Figures(5)  /  Tables(6)

Article Metrics

Article views(6879) PDF downloads(1218)

ARTICLE   Open Access    

Genetic diversity, population structure and core collection analysis of Hunan tea plant germplasm through genotyping-by-sequencing

Beverage Plant Research  2 Article number: 5  (2022)  |  Cite this article

Abstract: Tea is considered to be a well-known and widely consumed beverage and Hunan province is rich in tea plant germplasm. In order to better conserve and utilize Hunan tea plant resources, 110 tea accessions from seven geographical origins were used to assess genetic diversity of Hunan tea plant germplasm through genotyping by sequencing (GBS) technology. As a result, a total of 311,044 high-quality single nucleotide polymorphism (SNP) markers were obtained. Population structure, phylogenetic relationships and principal component analysis (PCA) divided the entire accessions into three groups. The genetic diversity and population differentiation analysis showed that the mean observed heterozygosity (Ho) ranged from 0.16 to 0.24, while the mean polymorphic information content (PIC) ranged from 0.14 to 0.17, and mean minor allele frequency (MAF) ranged from 0.11 to 0.14. Analysis of molecular variance (AMOVA) indicated that 81.38% of the total variance was derived from within populations, which suggested a rich genetic diversity in Hunan tea germplasms. Furthermore, a core tea germplasm set was developed, which was comprised of 22 tea plant accessions and maintained the whole genetic diversity of the entire collection. This work should be valuable for conservation and utilization of tea germplasm in Hunan.

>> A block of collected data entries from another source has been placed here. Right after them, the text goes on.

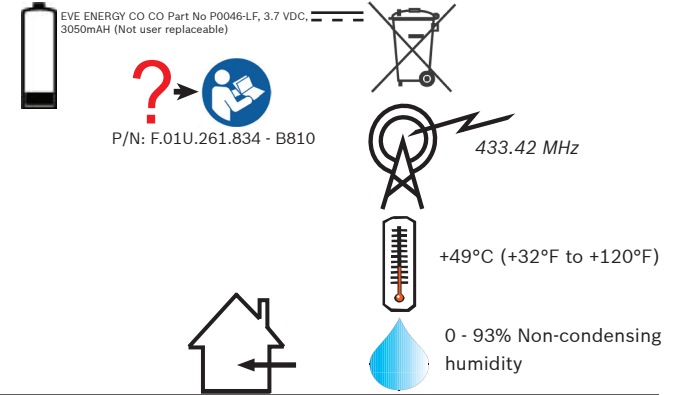

RADION repeater
RFRP/RFRP-A

Installation Guide

UL - only model RFRP-A is evaluated by UL
UL1023: Standard for Household Burglar-Alarm System Units
UL1076: Standard for Proprietary Burglar Alarm Units and Systems
UL1610: Standard for Central-Station Burglar-Alarm Units
UL365: Standard for Police Connected Burglar Alarm Units and System
UL609: Standard for Local Burglar Alarm Units and Systems
UL636: Standard for Holdup Alarm Units and Systems
UL985: Standard for Household Fire Warning System Units

FCC, Part 15

Industry Canada (IC)

Classified to ANSI/SIA CP01-2010
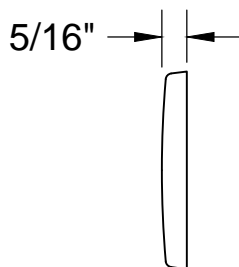

MT482BX-NL SPECIFICATIONS

TOILET SUPPLY KIT

SUPPLY TUBES &
VALVES

THIS DECORATIVE SUPPLY VALVE KIT OFFERS THE FOLLOWING FEATURES:

- ONE MT621-NL 1/4 TURN NO LEAD BALL VALVE
- ONE MT436X NO LEAD SUPPLY TUBE
- ONE MT441X SURE GRIP WALL ESCUTCHEON
- OFFERED IN MANY STANDARD DECORATIVE FINISHES
- SPECIAL FINISHES AVAILABLE UPON REQUEST

MT441X

MT436X

WARRANTY

ONE YEAR WARRANTY ON PLATED FINISHES, 90 DAY WARRANTY ON ORB, EB, MHB, TB AND WCP AND LIFETIME ON PVD PROVIDED PROPER CARE HAS BEEN USED. ONE YEAR WARRANTY ON ALL PARTS. APPLIES TO ORIGINAL PURCHASER. CLAIMS REQUIRE PROOF OF PURCHASE.

FINISH CARE & MAINTENANCE

NEVER USE ANY HARSH ALKALI, ACID BASED DETERGENTS OR CLEANERS SUCH AS SOFT SCRUB®, SCRUBBING BUBBLES® OR COMET® TO CLEAN. DO NOT USE BRILLO® AND SCOTCH BRITE® PADS. THESE WILL ALL HARM THE FINISH. TO CLEAN, USE ONLY A DAMP SOFT CLOTH AND WIPE USING A SOFT CLOTH. STANDARD WINDEX CAN ALSO BE USED SPARINGLY. TO MAINTAIN THE FINISH, WIPE WITH A SOFT DRY CLOTH. AN OCCASIONAL COAT OF PURE CARNUBA WAX WITHOUT CLEANERS WILL HELP PROTECT THE FINISH.
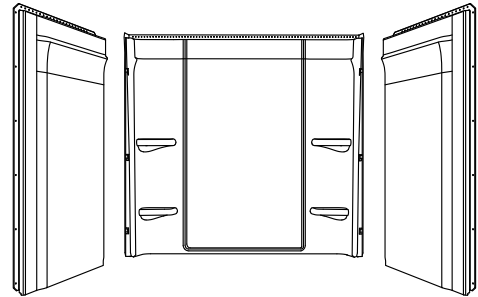

Ensemble™

60"x32" Medley™ Wall Set w/ Backer Boards
71324106

Features

- Durable high gloss finish.
- Innovative Dry-Block™ seal and channeled water containment system form watertight seams.
- Clean, contemporary design with ample shelving.
- Wall surround includes backer boards for future grab bar installation.

Material

- Compression molded from our exclusive solid Vikrell® material.

Installation

- Modular design allows it to be moved around corners and through doorways with ease.
- Caulk-free installation.

Codes/Standards

Technical Information

All product dimensions are nominal.

Installation: 3-Wall Alcove

Door height required: 56-3/4" (1441 mm)

Door width required: 57-11/16" (1465 mm)

    • Tea plant, Camellia sinensis, belonging to genus Camellia is one of the most popular and widely consumed beverages and important economic crops in the world, which contains nearly 700 bioactive compounds, including catechins, theanine, caffeine, and volatiles[14]. Tea plants originated in the Yunnan Guizhou Plateau of China and gradually spread to the east, southeast and east of China. Hunan is located in central China, a transitional zone of biodiversity from southwest to southeast and northeast, which created an excellent natural environment for broad genetic variations of tea plants in Hunan.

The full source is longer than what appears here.